*Work required*
Once the pictures are set aside, copy everything else in the records exactly.

### Source material

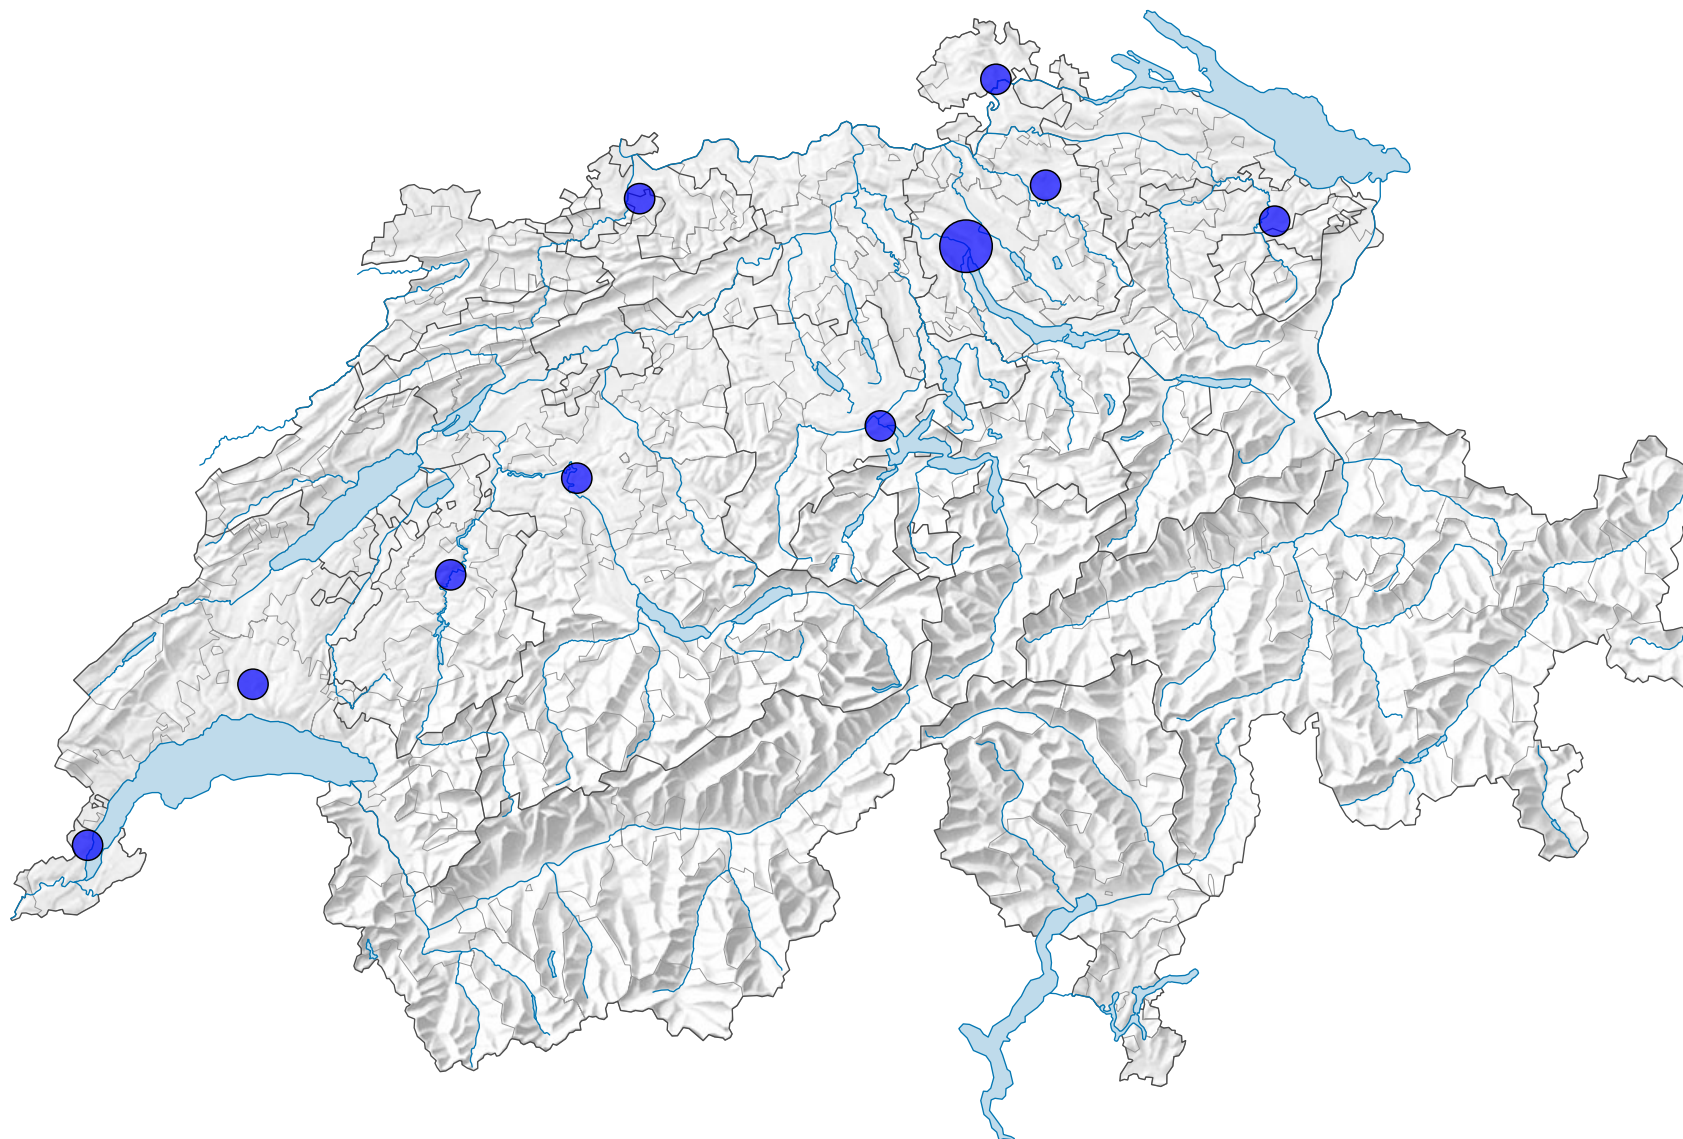

# Multiplexes\*, en 2010

Nombre de multiplexes\*

Suisse: 12

\*Cinéma avec 8 salles et plus

0 25 50 km

Niveau géographique:  
Régions cinématographiques
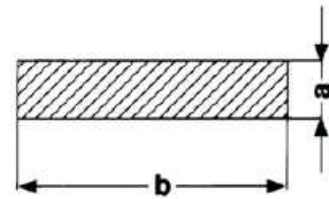

# Aluminium / Edelstahl - Profile

**Flachprofil Aluminium  
natur (unbehandelt)**

Lagerlänge 6000 mm,  
Zuschnitte auf Anfrage.

Art.-Nr.	Beschreibung (b x a)	Länge	Einheit	Lagerware	Listenpreis
09940000	LM-FLACHSTANGE 10 X 5 MM	6,00	MTR.	X	9,90
09940001	LM-FLACHSTANGE 10 X 2 MM	6,00	MTR.	X	3,96
09940002	LM-FLACHSTANGE 10 X 3 MM	6,00	MTR.	X	6,12
09940003	LM-FLACHSTANGE 15 X 2 MM	6,00	MTR.	X	6,12
09940004	LM-FLACHSTANGE 15 X 3 MM	6,00	MTR.	X	9,90
09940005	LM-FLACHSTANGE 15 X 4 MM	6,00	MTR.	X	12,06
09940006	LM-FLACHSTANGE 15 X 5 MM	6,00	MTR.	X	15,12
09940010	LM-FLACHSTANGE 20 X 2 MM	6,00	MTR.	X	8,10
09940011	LM-FLACHSTANGE 20 X 3 MM	6,00	MTR.	X	12,06
09940012	LM-FLACHSTANGE 20 X 4 MM	6,00	MTR.	X	15,66
09940013	LM-FLACHSTANGE 20 X 5 MM	6,00	MTR.	X	19,98
09940014	LM-FLACHSTANGE 20 X 6 MM	6,00	MTR.	X	23,94
09940015	LM-FLACHSTANGE 20 X 8 MM	6,00	MTR.	X	31,68
09940016	LM-FLACHSTANGE 20 X 10 MM	6,00	MTR.	X	39,78
09940021	LM-FLACHSTANGE 25 X 2 MM	6,00	MTR.	X	9,90
09940022	LM-FLACHSTANGE 25 X 3 MM	6,00	MTR.	X	15,30
09940023	LM-FLACHSTANGE 25 X 4 MM	6,00	MTR.	X	19,98
09940024	LM-FLACHSTANGE 25 X 5 MM	6,00	MTR.	X	24,66
09940025	LM-FLACHSTANGE 25 X 6 MM	6,00	MTR.		29,70
09940026	LM-FLACHSTANGE 25 X 8 MM	6,00	MTR.		39,78
09940027	LM-FLACHSTANGE 25 X 10 MM	6,00	MTR.		49,68
09940031	LM-FLACHSTANGE 30 X 2 MM	6,00	MTR.	X	11,70
09940032	LM-FLACHSTANGE 30 X 3 MM	6,00	MTR.	X	17,82
09940033	LM-FLACHSTANGE 30 X 4 MM	6,00	MTR.	X	23,94
09940034	LM-FLACHSTANGE 30 X 5 MM	6,00	MTR.	X	29,70
09940035	LM-FLACHSTANGE 30 X 6 MM	6,00	MTR.	X	35,82
09940036	LM-FLACHSTANGE 30 X 8 MM	6,00	MTR.	X	47,70
09940037	LM-FLACHSTANGE 30 X 12 MM	6,00	MTR.		71,46
09940038	LM-FLACHSTANGE 30 X 10 MM	6,00	MTR.	X	59,76
09940040	LM-FLACHSTANGE 30 X 20 MM	6,00	MTR.		119,16
09940041	LM-FLACHSTANGE 35 X 3 MM	6,00	MTR.	X	20,88
09940042	LM-FLACHSTANGE 35 X 4 MM	6,00	MTR.		27,72
09940043	LM-FLACHSTANGE 35 X 5 MM	6,00	MTR.		34,74
09940044	LM-FLACHSTANGE 35 X 6 MM	6,00	MTR.		41,58
09940045	LM-FLACHSTANGE 35 X 8 MM	6,00	MTR.		55,62
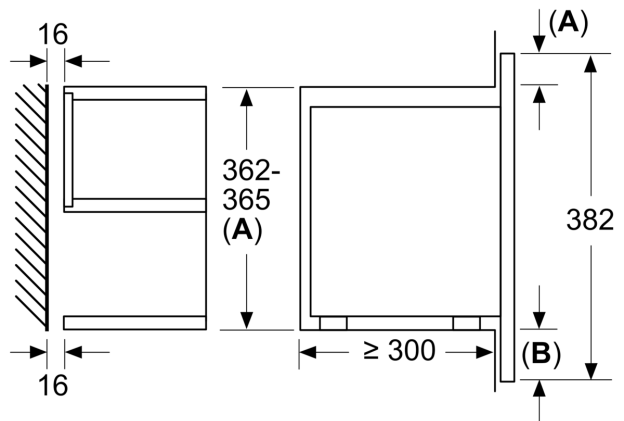

Date tehnice

Mod de funcționare: Doar microunde
Tip reglaj: electronic
Dimensiuni aparat: 382 x 594 x 318 mm
Dimensiuni cavitate: 220 x 350 x 270 mm
Lungime cablu de alimentare: 150.0 cm
Greutate netă: 16.7 kg
Greutate brută: 18.9 kg
Cod EAN: 4242002813769
Putere max. microunde: 900 W
Putere: 1220 W
Amperaj: 10 A
Tensiune: 220-240 V
Frecvența: 50; 60 Hz
Tip stecher: Schuko-/Gardy cu împământare

DETALII TEHNICE / DIMENSIUNI:

- Dimensiuni (ÎxLxA): 382 mm x 594 mm x 318 mm
- Dimensiuni nișă (ÎxLxA): 560 mm - 568 mm x 362 mm - 382 mm x 300 mm
- Putere maximă consumată: 1.22 kW
- Valoarea tensiunii nominale: 220 - 240 V
- Lungime cablu de alimentare: Lungime cablu de conectare: 150 cm
- „Va rugăm să consultați dimensiunile specificate în schița de instalare”

**Seria 8, Cuptor cu microunde,
încorporabil, 60 x 38 cm, Inox
BFL634GS1**

Dimensiuni în mm

A: Perete posterior deschis

Dimensiuni în mm

A: Consolă în partea de sus:

Nișă 362: 6 mm

Nișă 365: 3 mm

B: Consolă în partea de jos: 14 mm

Dimensiuni în mm
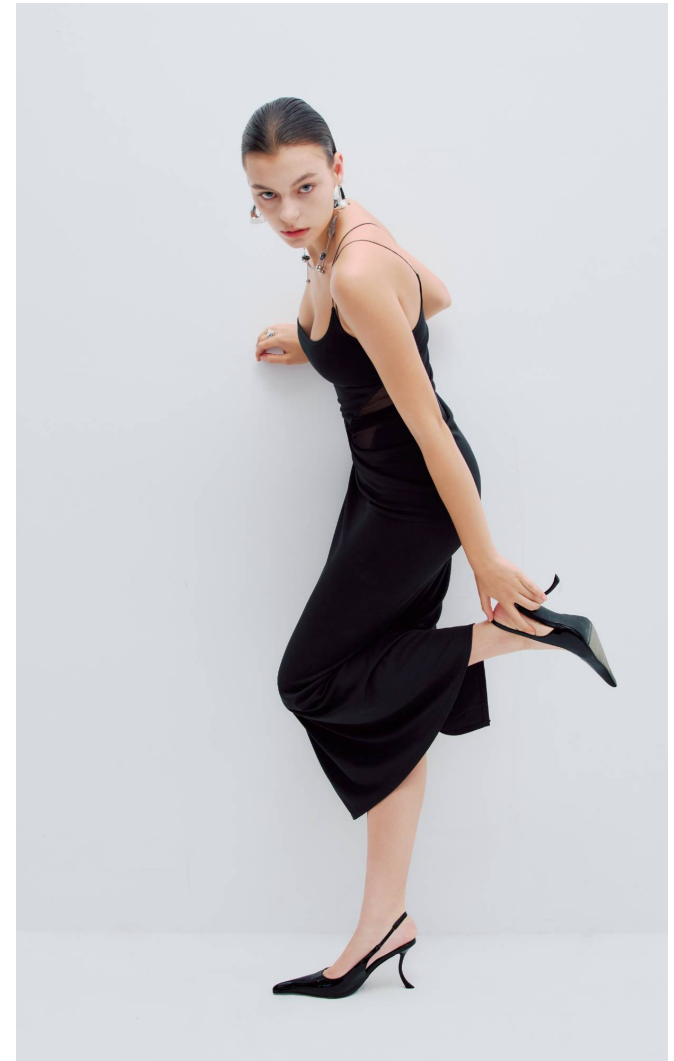

GITA

Magasság: 174 cm **Mell:** 78 cm **Derék:** 62 cm **Csípő:** 92 cm **Cipőméret:** 39 **Haj:** Barna **Szem:** Kék

GITA

Magasság: 174 cm **Mell:** 78 cm **Derék:** 62 cm **Csípő:** 92 cm **Cipőméret:** 39 **Haj:** Barna **Szem:** Kék

######

*Solution for this task*
# Multiplexes\*, en 2010

Nombre de multiplexes\*

Suisse: 12

\*Cinéma avec 8 salles et plus

0 25 50 km

Niveau géographique:  
Régions cinématographiques

# Aluminium / Edelstahl - Profile

**Flachprofil Aluminium  
natur (unbehandelt)**

Lagerlänge 6000 mm,  
Zuschnitte auf Anfrage.

Art.-Nr.	Beschreibung (b x a)	Länge	Einheit	Lagerware	Listenpreis
09940000	LM-FLACHSTANGE 10 X 5 MM	6,00	MTR.	X	9,90
09940001	LM-FLACHSTANGE 10 X 2 MM	6,00	MTR.	X	3,96
09940002	LM-FLACHSTANGE 10 X 3 MM	6,00	MTR.	X	6,12
09940003	LM-FLACHSTANGE 15 X 2 MM	6,00	MTR.	X	6,12
09940004	LM-FLACHSTANGE 15 X 3 MM	6,00	MTR.	X	9,90
09940005	LM-FLACHSTANGE 15 X 4 MM	6,00	MTR.	X	12,06
09940006	LM-FLACHSTANGE 15 X 5 MM	6,00	MTR.	X	15,12
09940010	LM-FLACHSTANGE 20 X 2 MM	6,00	MTR.	X	8,10
09940011	LM-FLACHSTANGE 20 X 3 MM	6,00	MTR.	X	12,06
09940012	LM-FLACHSTANGE 20 X 4 MM	6,00	MTR.	X	15,66
09940013	LM-FLACHSTANGE 20 X 5 MM	6,00	MTR.	X	19,98
09940014	LM-FLACHSTANGE 20 X 6 MM	6,00	MTR.	X	23,94
09940015	LM-FLACHSTANGE 20 X 8 MM	6,00	MTR.	X	31,68
09940016	LM-FLACHSTANGE 20 X 10 MM	6,00	MTR.	X	39,78
09940021	LM-FLACHSTANGE 25 X 2 MM	6,00	MTR.	X	9,90
09940022	LM-FLACHSTANGE 25 X 3 MM	6,00	MTR.	X	15,30
09940023	LM-FLACHSTANGE 25 X 4 MM	6,00	MTR.	X	19,98
09940024	LM-FLACHSTANGE 25 X 5 MM	6,00	MTR.	X	24,66
09940025	LM-FLACHSTANGE 25 X 6 MM	6,00	MTR.		29,70
09940026	LM-FLACHSTANGE 25 X 8 MM	6,00	MTR.		39,78
09940027	LM-FLACHSTANGE 25 X 10 MM	6,00	MTR.		49,68
09940031	LM-FLACHSTANGE 30 X 2 MM	6,00	MTR.	X	11,70
09940032	LM-FLACHSTANGE 30 X 3 MM	6,00	MTR.	X	17,82
09940033	LM-FLACHSTANGE 30 X 4 MM	6,00	MTR.	X	23,94
09940034	LM-FLACHSTANGE 30 X 5 MM	6,00	MTR.	X	29,70
09940035	LM-FLACHSTANGE 30 X 6 MM	6,00	MTR.	X	35,82
09940036	LM-FLACHSTANGE 30 X 8 MM	6,00	MTR.	X	47,70
09940037	LM-FLACHSTANGE 30 X 12 MM	6,00	MTR.		71,46
09940038	LM-FLACHSTANGE 30 X 10 MM	6,00	MTR.	X	59,76
09940040	LM-FLACHSTANGE 30 X 20 MM	6,00	MTR.		119,16
09940041	LM-FLACHSTANGE 35 X 3 MM	6,00	MTR.	X	20,88
09940042	LM-FLACHSTANGE 35 X 4 MM	6,00	MTR.		27,72
09940043	LM-FLACHSTANGE 35 X 5 MM	6,00	MTR.		34,74
09940044	LM-FLACHSTANGE 35 X 6 MM	6,00	MTR.		41,58
09940045	LM-FLACHSTANGE 35 X 8 MM	6,00	MTR.		55,62

Date tehnice

Mod de funcționare: Doar microunde
Tip reglaj: electronic
Dimensiuni aparat: 382 x 594 x 318 mm
Dimensiuni cavitate: 220 x 350 x 270 mm
Lungime cablu de alimentare: 150.0 cm
Greutate netă: 16.7 kg
Greutate brută: 18.9 kg
Cod EAN: 4242002813769
Putere max. microunde: 900 W
Putere: 1220 W
Amperaj: 10 A
Tensiune: 220-240 V
Frecvența: 50; 60 Hz
Tip stecher: Schuko-/Gardy cu împământare

DETALII TEHNICE / DIMENSIUNI:

- Dimensiuni (ÎxLxA): 382 mm x 594 mm x 318 mm
- Dimensiuni nișă (ÎxLxA): 560 mm - 568 mm x 362 mm - 382 mm x 300 mm
- Putere maximă consumată: 1.22 kW
- Valoarea tensiunii nominale: 220 - 240 V
- Lungime cablu de alimentare: Lungime cablu de conectare: 150 cm
- „Va rugăm să consultați dimensiunile specificate în schița de instalare”

**Seria 8, Cuptor cu microunde,
încorporabil, 60 x 38 cm, Inox
BFL634GS1**

Dimensiuni în mm

A: Perete posterior deschis

Dimensiuni în mm

A: Consolă în partea de sus:

Nișă 362: 6 mm

Nișă 365: 3 mm

B: Consolă în partea de jos: 14 mm

Dimensiuni în mm

GITA

Magasság: 174 cm **Mell:** 78 cm **Derék:** 62 cm **Csípő:** 92 cm **Cipőméret:** 39 **Haj:** Barna **Szem:** Kék

GITA

Magasság: 174 cm **Mell:** 78 cm **Derék:** 62 cm **Csípő:** 92 cm **Cipőméret:** 39 **Haj:** Barna **Szem:** Kék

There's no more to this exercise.